Exercise goal –
If a line in the entries below includes "fechadura", show that line.

(Stored data)
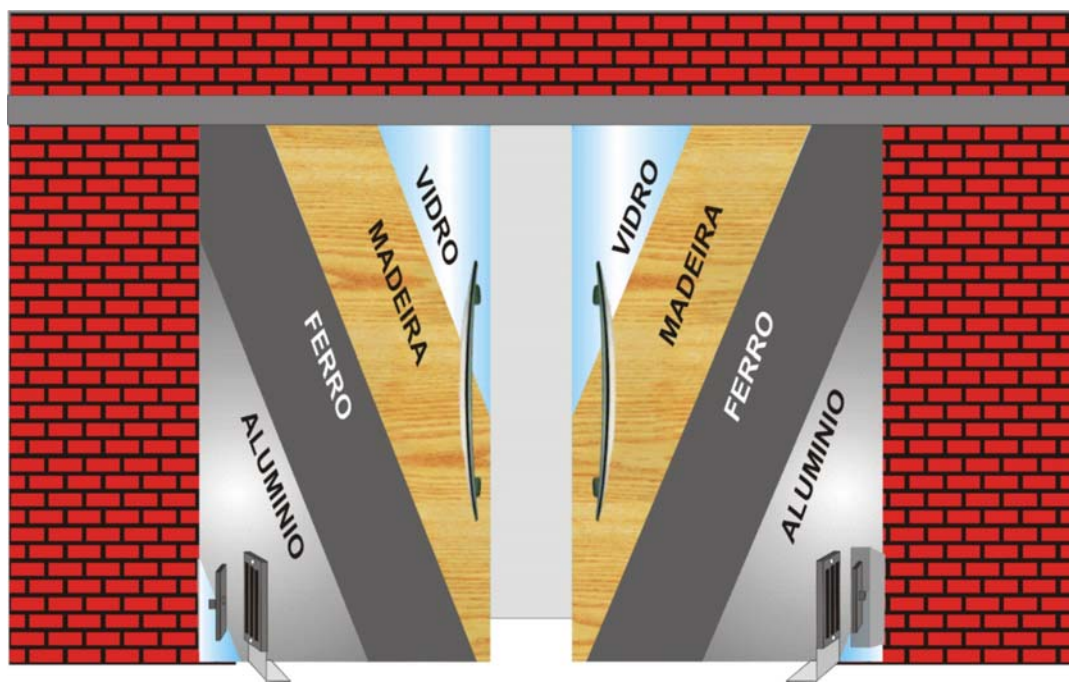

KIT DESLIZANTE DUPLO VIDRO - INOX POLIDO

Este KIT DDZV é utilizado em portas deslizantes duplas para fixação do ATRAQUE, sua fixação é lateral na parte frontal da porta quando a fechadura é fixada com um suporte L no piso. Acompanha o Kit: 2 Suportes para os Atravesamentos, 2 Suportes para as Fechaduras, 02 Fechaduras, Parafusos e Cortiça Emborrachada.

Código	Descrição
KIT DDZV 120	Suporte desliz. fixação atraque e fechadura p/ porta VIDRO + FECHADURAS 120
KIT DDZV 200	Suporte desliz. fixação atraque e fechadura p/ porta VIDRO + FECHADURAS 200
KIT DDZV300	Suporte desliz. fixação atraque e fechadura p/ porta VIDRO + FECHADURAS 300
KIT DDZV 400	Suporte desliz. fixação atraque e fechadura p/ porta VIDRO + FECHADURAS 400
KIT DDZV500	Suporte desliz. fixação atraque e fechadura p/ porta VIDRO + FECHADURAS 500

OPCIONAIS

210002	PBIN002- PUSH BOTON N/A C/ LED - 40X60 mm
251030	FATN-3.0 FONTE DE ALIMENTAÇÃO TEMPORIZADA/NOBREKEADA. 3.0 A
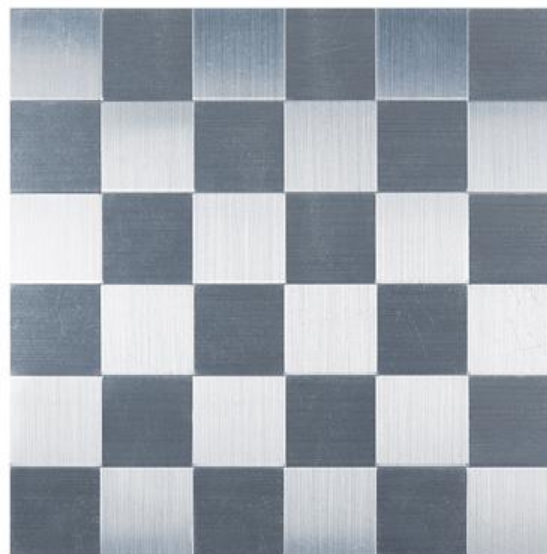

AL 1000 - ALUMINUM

Task solution –
Este KIT DDZV é utilizado em portas deslizantes duplas para fixação do ATRAQUE, sua fixação é lateral na parte frontal da porta quando a fechadura é fixada com um suporte L no piso. Acompanha o Kit: 2 Suportes para os Atravesamentos, 2 Suportes para as Fechaduras, 02 Fechaduras, Parafusos e Cortiça Emborrachada.
KIT DDZV 120	Suporte desliz. fixação atraque e fechadura p/ porta VIDRO + FECHADURAS 120
KIT DDZV 200	Suporte desliz. fixação atraque e fechadura p/ porta VIDRO + FECHADURAS 200
KIT DDZV300	Suporte desliz. fixação atraque e fechadura p/ porta VIDRO + FECHADURAS 300
KIT DDZV 400	Suporte desliz. fixação atraque e fechadura p/ porta VIDRO + FECHADURAS 400
KIT DDZV500	Suporte desliz. fixação atraque e fechadura p/ porta VIDRO + FECHADURAS 500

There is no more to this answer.